Definite integral $\int_{-\infty}^\infty \int_{-\infty}^\infty \exp(-x^2 y^2) \; dx dy$?

Question

The deceptively simple-looking double integral $$ \int_{-\infty}^\infty \int_{-\infty}^\infty \exp(-x^2 y^2) \; dx dy $$ is clearly finite, but both maple and Wolphram alpha gives the value $\infty$! Any ideas how to calculate this symbolically?

Answer 1

Note for $y>0$ we have $$ \int_{-\infty}^{+\infty} e^{-x^2y^2}\;dx = \frac{\sqrt{\pi}}{y} $$ so $$ \int_{-\infty}^{+\infty}\int_{-\infty}^{+\infty} e^{-x^2y^2}\;dx\;dy \ge \int_0^{+\infty}\int_{-\infty}^{+\infty} e^{-x^2y^2}\;dx\;dy =\sqrt{\pi}\int_0^{+\infty}\frac{dy}{y} = +\infty. $$

Wolfram Alpha is right for once!

Answer 2

$$I=\int_{-t}^{+t}\int_{-t}^{+t} \exp(-x^2 y^2) \, dx \, dy=4 t^2 \,\, _2F_2\left(\frac{1}{2},\frac{1}{2};\frac{3}{2},\frac{3}{2}; -t^4\right)$$

For large $t$ $$\large\color{blue}{I\sim \sqrt{\pi } \,\,(4 \log (t)+\gamma +2\log (2))}$$ which is very good for any $t>1$.
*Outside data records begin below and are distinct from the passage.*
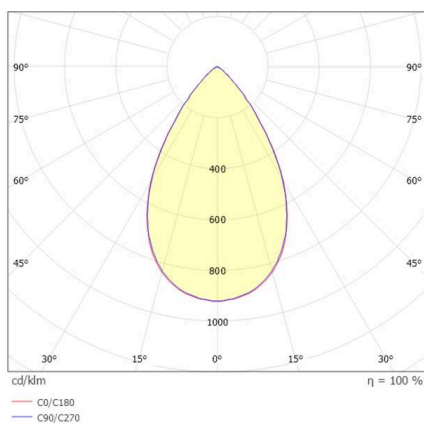

VARIDO 2

149-00101021905c

VARIDO 2 BASIC TRACK TRACK SPOTLIGHT WITH 3 PH ADAPTER made of steel sheet, white, similar to RAL 9016, Lens optics with vacuum deposited synthetic reflector beam 66°, light output direct, UGR <19, swiveling 350°, with converter, max. 850mA, dimmability: Casambi, adapter/ceiling base white, IP20

SKETCH

TECHNICAL DETAILS

Light source	LED
System performance [W]	32
Luminous flux [lm]	4345
Current sec. [mA]	850
Colour temperature	3000K
CRI	>80
UGR	<19
Optics	Lens optics with vacuum deposited synthetic reflector with converter
Converter	Casambi
Dimmability	direct
Light emission area	66°
Beam angle	220-240V 50/60Hz
Voltage	
Length [mm]	844
Width [mm]	54
Height [mm]	24
IP protection class	IP20
IP protection class	protection cl. II
Material	steel sheet
Colour of body	white
RAL	9016
Colour of adapter / ceiling base	white
Lifetime [h]	L80 B10 50 000
Energy efficiency class	C
Number of luminaires B16A	50
Net weight [kg]	1.50
EAN number	9010870827387

LIGHT DISTRIBUTION CURVE

Energy label

The values are rated values. Power and luminous flux are initially subject to a tolerance of +/- 10%. Colour temperature tolerance: +/- 150 K. The values apply to an ambient temperature of 25°C unless otherwise specified.

If $t=e$ the difference is $4.65\times 10^{-27}$.

If you want more terms, just add $$\frac{e^{-t^4}}{t^6} \left(1-\frac{2}{t^4}+\frac{23}{4 t^8}-\frac{22}{t^{12}}+\frac{1689}{16 t^{16}}+O\left(\frac{1}{t^{20}}\right)\right) $$

Edit

For those we want to play, give Wolfram Alpha the following

Series[4*t^2*HypergeometricPFQ[{1/2, 1/2}, {3/2, 3/2}, -t^4],{t,Infinity,6}]